Легко было бы сказать, что Никита действовал по прямому наущению, ежели не приказу Василь Василича, вдохновляемый обещанием награды, или из чувства служилой чести, обязывающей послужильца-ратника отдавать жизнь за своего господина. Мы знаем, однако, что это было не так.
Можно было бы догадать, что Никита избрал путь, с помочью коего надеялся, заслужив благодарность Вельяминова, обрести свою любовь. В это возможнее всего было бы поверить. Но только Никита как раз накануне роковых событий совершил то, что выказало его уверенность в мрачном для себя исходе задуманного предприятия, проще сказать – в собственной гибели.
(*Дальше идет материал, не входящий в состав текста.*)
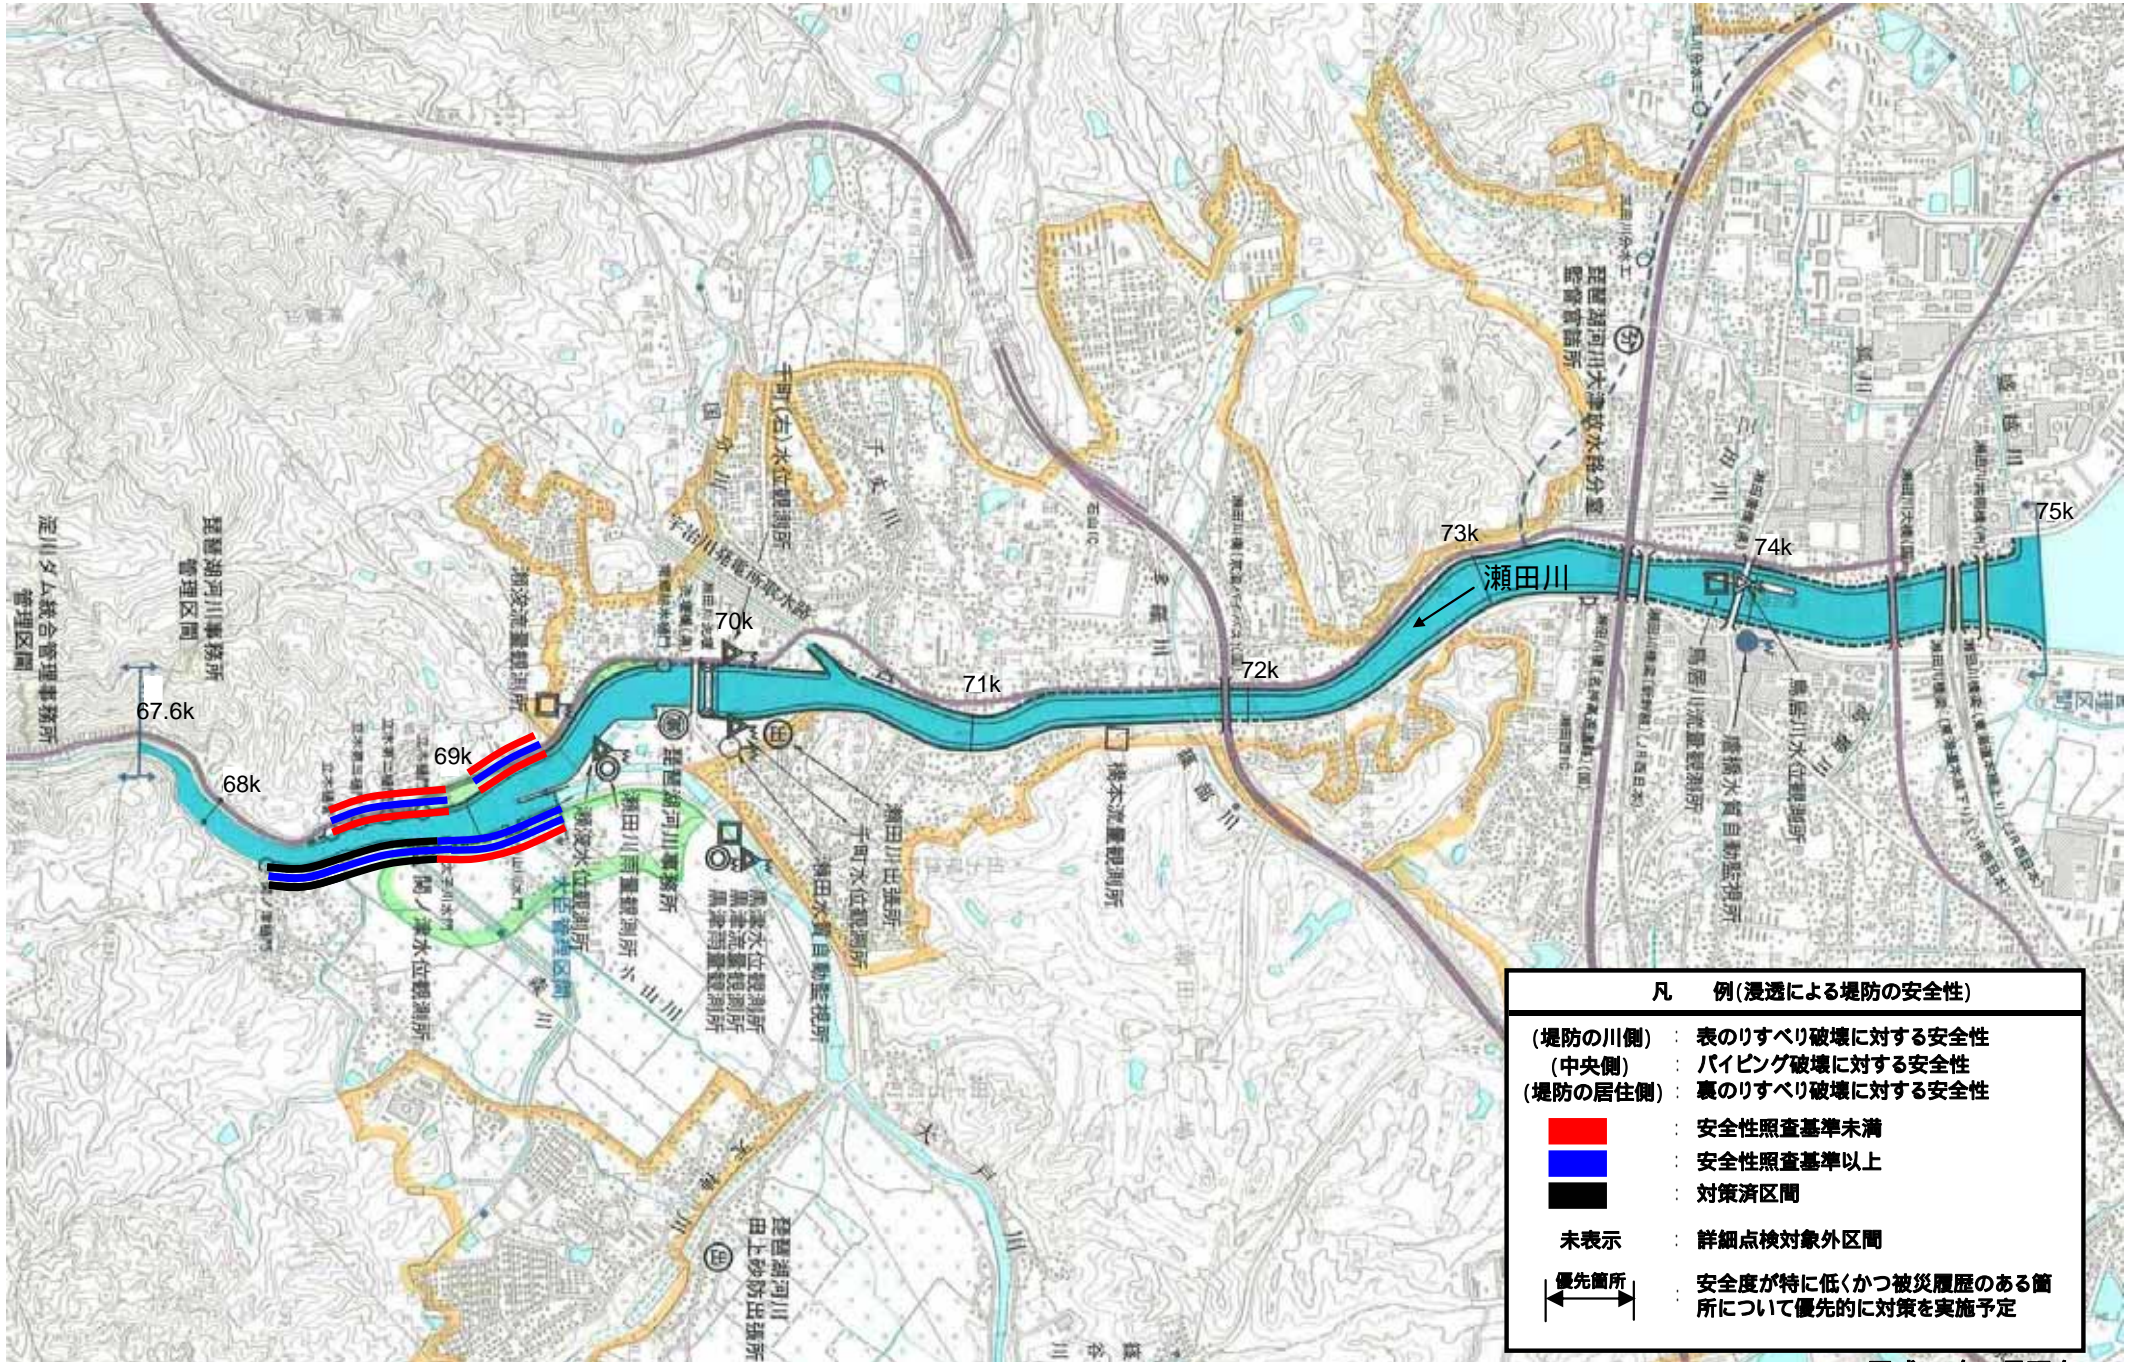

# 瀬田川堤防詳細点検結果情報図

平成20年3月現在

Так что разве уж посмертный венок героя получить надеялся он в глазах своей «княжны»?
Ненавидел ли он Хвоста столь слепо и бесконечно, чтобы решиться уничтожить злодея? Нет, не было и того!
Наконец, не сказать ли тогда, что Никита задумал совершить то, что он совершил, ради высокой идеи, ради спасения родины, как он мог полагать, глядя на творимые вокруг непотребства и грозную потерю волостей, захватываемых сильным врагом?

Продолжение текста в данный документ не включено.